AI security scanners are drowning us. Not in actionable alerts, but in a deluge of “hallucinated” findings—plausible-sounding but utterly false—or worse, complete misses.
This noise is precisely the wall the industry has been banging its head against. But what if the solution isn’t about coaxing more truth out of the models themselves, but about building a more strong process around them? That’s the bet one security engineer made, and the results are compelling.
He didn’t chase the perfect prompt; he engineered what he calls a “quality-control cage” for his Large Language Models (LLMs). The project, dubbed Veritas, treats AI agents not as infallible oracles, but as stochastic machines with an inherent, expected error rate.
The Philosophy of Designed Distrust
The core idea here is radical, yet profoundly simple: assume the AI will be wrong. Don’t try to eliminate its variation; design a system that tolerates it and still produces reviewable output. This isn’t about finding the “perfect” prompt, but about building a workflow that filters out the noise.
This is the “Yin and Yang” of Veritas. A deliberate tug-of-war between opposing forces, designed to tease out reliable findings from inherently unreliable components.
The Yang: Expansion and Recall
The first agent in Veritas’s pipeline is the hypothesis agent. Its directive is simple: recall. Think of it as a wide-angle lens scanning the code architecture, identifying every plausible entry point, trust boundary, and potential threat model. At this stage, the cost of a false positive—a hypothesis that gets refuted later—is deliberately kept low. The cost of a false negative, however, the missed vulnerability, is astronomically higher.
The Yin: Contraction and Precision
Then comes the evidence agent. Its mission is precision. This is the skeptical auditor, mandated to actively refute findings unless they are backed by specific, cited source-code evidence. It’s not looking for plausibility; it’s verifying concrete proof. It operates directly against the file content, checking for sanitizers or validation logic that the hypothesis might have overlooked.
The Secret Sauce: The Information Bottleneck
Here’s where it gets counter-intuitive. To make the overall system smarter, the second agent is intentionally made “dumber.” Before a hypothesis even reaches the evidence agent, a crucial step occurs: the reasoning behind the hypothesis—the “why”—is stripped away. This is done via a function called slim_hypotheses_for_evidence().
By stripping the reasoning between the stages, we force the evidence agent into a lower-bias verification state. It must find the exploit path itself using the provided code context, or the finding is discarded.
Why delete data? To combat anchoring bias. If an LLM sees a plausible-sounding explanation for a bug, it can latch onto that explanation and overly commit its verification to the initial hypothesis. By removing the “why,” the evidence agent is forced to operate from a blank slate, using only the code context to verify or refute the potential finding. This forces a more objective verification process.
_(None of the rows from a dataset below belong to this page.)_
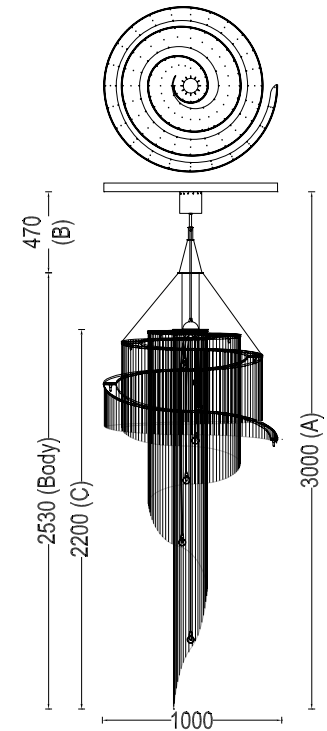

## DESCRIPTION

A Spiraling art-chandelier inspired by a holographic image of a cone shell. Made from lasercut stainless steel frames, chrome plated or lacquered solid brass components, ballchain in several optional finishes. Illuminated by 3 electrical systems. Two are G4-Halogen based and the other is a 5m long LED striplight. Ideal for a large volumous space or a stairwell.

## PRODUCT SIZE

SHADE SIZE: 1000W X 2200H MM / TOTAL HEIGHT: 3000MM

## PACKAGING DIMENSIONS

1140MM(W) X 1140MM(L) X 300MM(H)

## TECHNICAL DRAWING

The Deterministic Anchor: The Policy Gate
Crucially, the AI never has the final say. The ultimate verdict is rendered by a mechanical policy gate. This gate doesn’t reason; it applies a set of deterministic rules. Findings below a certain confidence score are automatically flagged as “Inconclusive.” More importantly, any critical or high-severity finding that remains “inconclusive” is flagged for human review, rather than being silently discarded.
This whole architectural shift represents a departure from the prompt-engineering arms race, which often feels like trying to outsmart a genius who’s also prone to sudden, elaborate fantasies. Instead, it’s a pragmatic application of industrial engineering principles to a probabilistic system. It acknowledges the inherent limitations of LLMs and builds a strong, fault-tolerant workflow around them. It’s not about making the AI smarter; it’s about making the system smarter by being smarter about the AI.
Is this the future of AI security testing?
This approach holds significant promise for making AI-driven security tools more reliable and less of a burden on development teams. By embracing a designed distrust and implementing rigorous quality control, Veritas demonstrates a path toward actionable insights rather than just more noise.
🧬 Related Insights
- Read more: Veltrix’s $2/Day AI Agent: The Cost-First Blueprint That Actually Works
- Read more: Layercache: The Node.js Cache Stack That Might End Your Hand-Rolled Nightmares
Frequently Asked Questions
What is Veritas? Veritas is a proof-of-concept multi-agent security pipeline designed to assist developers in manual code reviews by acting as a guide to identify potential security vulnerabilities.
How does Veritas improve AI reliability? It treats LLMs as unreliable components and builds a quality-control process around them, using a “Yin and Yang” approach where one agent generates hypotheses and another rigorously verifies them, with a final policy gate for deterministic decision-making.
Does this mean prompt engineering is dead for AI security? Not entirely, but this approach suggests that for critical applications like security, strong process design and statistical quality control might be more impactful than solely focusing on prompt optimization.